Lacrimal gland epithelial cysts, also known as dacryops, are a rare type of benign epithelial neoplasm. They can appear in any location where there is glandular tissue. Lacrimal palpebral lobe cysts, also called simple dacryops, are by far the most frequent. Involvement of the orbital lobe has also been described, but it is rare. Other locations are accessory glandular (Krause, Wolfring, and Poppof) and ectopic glandular cysts.1

We report a case of dacryops in a 10-year-old child involving the orbital lobe of the lacrimal gland.

Case Report

The patient consented to publish this case report by signing an informed consent.

A 10-year-old boy with episodes of epilepsy was referred to the ophthalmology service after a protocol brain magnetic resonance imaging study. The examination incidentally revealed the presence of an 8-mm diameter nodular lesion in the superior and temporal angle of the right orbit, contacting with the superior and medial part of the lacrimal gland. The lesion displayed hypointensity on T1 and hyperintensity on T2 (Figure 1). No other alterations were found in that study.

Figure 1.
Figure 1.

T2-weighted magnetic resonance image. (A) Coronal and (B) axial sections are shown, which highlights the presence of a hyperintense nodular lesion 8 mm in diameter located in the orbital superotemporal quadrant with involvement of the medial component of the lacrimal gland.

The patient was completely asymptomatic and had visual acuity of 1.0 in both eyes. Examination results were unremarkable, with no palpable mass, ptosis, or proptosis. Intrinsic and extrinsic ocular motility were preserved, and orthophoria was found in primary gaze position. The study of the anterior segment and the fundus showed no pathology either, and the intraocular pressure was 16 mm Hg in both eyes.
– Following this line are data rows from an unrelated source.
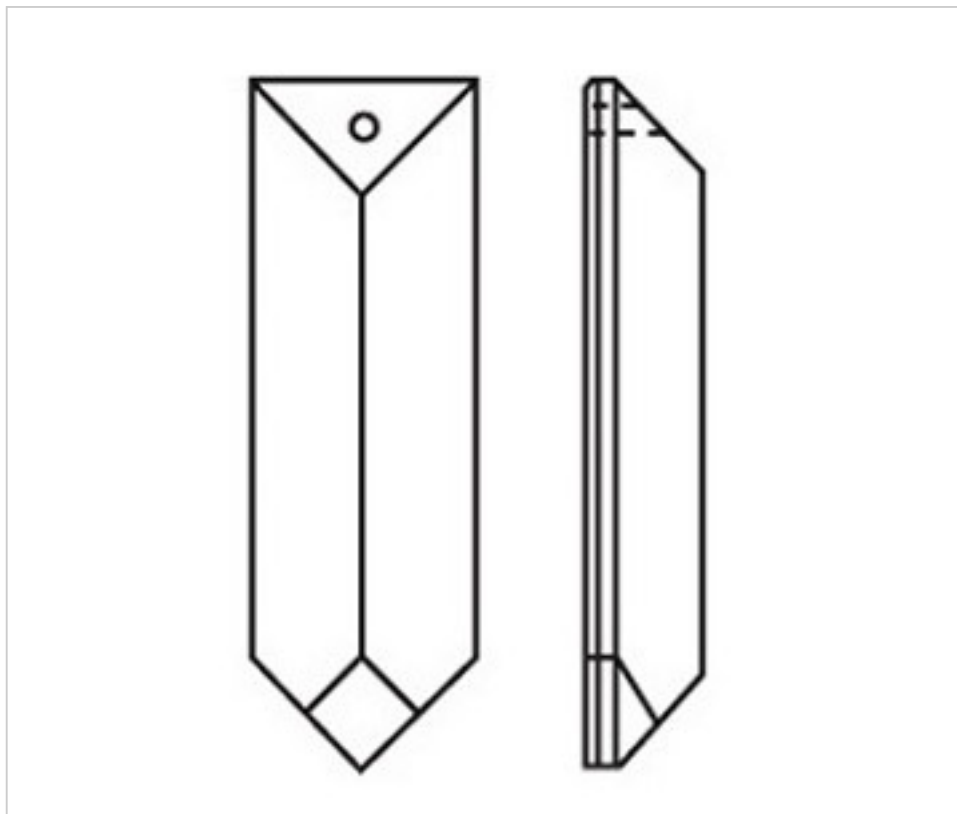

CRISTAL POUR LAMPES > SCHOLER CRYSTAL AUTRICHIEN > LIGNE SCHÖLER FANTASTIQUE
Prismes "Fantastic"

D925063

Prisme 3250/63x18mm 1 trou

5 avril 2025

PRIX

| | Lot | Prix sans TVA |
|---------------|-----|---------------|
| Pedido mínimo | 128 | 1,08€ |

Suite à la page suivante >>

CRISTAL POUR LAMPES > SCHOLER CRYSTAL AUTRICHIEN > LIGNE SCHÖLER FANTASTIQUE
Prismes "Fantastic"

D925063

Prisme 3250/63x18mm 1 trou

SPÉCIFICATIONS TECHNIQUES

Pesage: 12 Grammes

Conditionnement: Boîte 128 Unités

AUTRES CARACTÉRISTIQUES

Longueur (mm): 63

Largeur (mm): 18

Couleur: Transparent

DOCUMENTS

 [Prisme 3250/63x18mm 1 trou](#)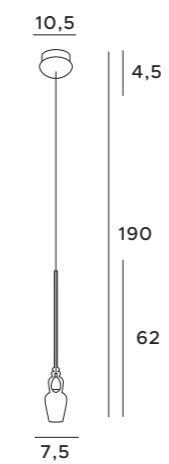

1x3W LED 285lm 3000K

chrom	chrome
metal, szkło bezbawne	metal, transparent glass

LED
in. + traf.

Computed tomography displayed a low-density cystic lesion adjacent to the medial margin of the lacrimal gland. Although orbital bone was normal, the most probable diagnosis was dermoid cyst. A multidisciplinary committee in which experts in the field of oculoplastics and orbit assessed the case and it was agreed that in accordance with established protocols, orbital formations with cystic morphology, particularly those exhibiting characteristic attributes of dermoid cysts, usually require surgical intervention as a preventive measure due to the potential risk of rupture and the subsequent possibility of developing secondary intraorbital inflammation. After the removal and analysis of the aforementioned cystic entity, in the event that its completely benign nature was certified, the committee would recommend exclusively regular observation, possibly complemented by imaging studies for follow-up purposes.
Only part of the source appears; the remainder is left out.